++++ Provided material ++++
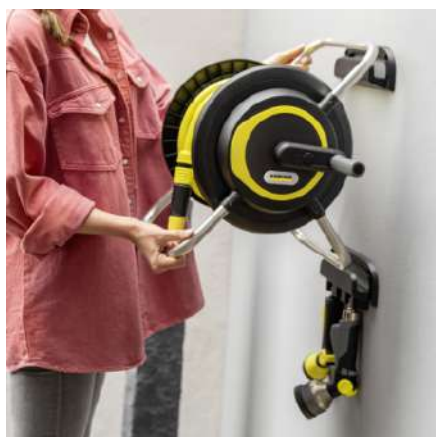

Funkce 2 v 1: nástěnný a mobilní naviják hadice v jednom

- Skladování hadice na stěně i pro mobilní použití na zahradě.
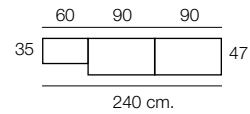

Altura / hauteur / height: 114 cm.

Composición  
**513**  
 Color / Couleur / Colour  
 POLAR / ROBLE NATURAL  
 Altura / hauteur / height aprox. 195 cm.  
 60 120 120  
 35 47  
 300 cm.

Composición  
**514**  
 Color / Couleur / Colour  
 ROBLE NATURAL / POLAR  
 Altura / hauteur / height aprox. 195 cm.  
 60 120 120  
 35 47  
 300 cm.

Composición  
**516**  
 Color / Couleur / Colour  
 AZABACHE / POLAR  
 Altura / hauteur / height 195 cm.  
 60 90 120  
 35 47  
 270 cm.

**N-8**  
 Color / Couleur / Colour  
 ROBLE NATURAL / POLAR  
 Parte central POLAR  
 Altura: 84 cm.  
 150 42

Composición  
**517**  
 Color / Couleur / Colour  
 ROBLE NATURAL / POLAR  
 Altura / hauteur / height 195 cm.  
 60 90 120  
 35 47  
 270 cm.

Composición  
**518**  
 Color / Couleur / Colour  
 AZABACHE / POLAR

Altura / hauteur / height aprox. 195 cm.

Composición  
**519**  
 Color / Couleur / Colour  
 POLAR / ROBLE NATURAL

Altura / hauteur / height aprox. 195 cm.

**N-8**  
 Color / Couleur / Colour  
 POLAR  
 Altura / hauteur / height: 84 cm.  
 150  
 42
++++
__What you have to do__.
The answer must be every line of the listing that holds the word "mobilní".

__Finished task__.
Funkce 2 v 1: nástěnný a mobilní naviják hadice v jednom
- Skladování hadice na stěně i pro mobilní použití na zahradě.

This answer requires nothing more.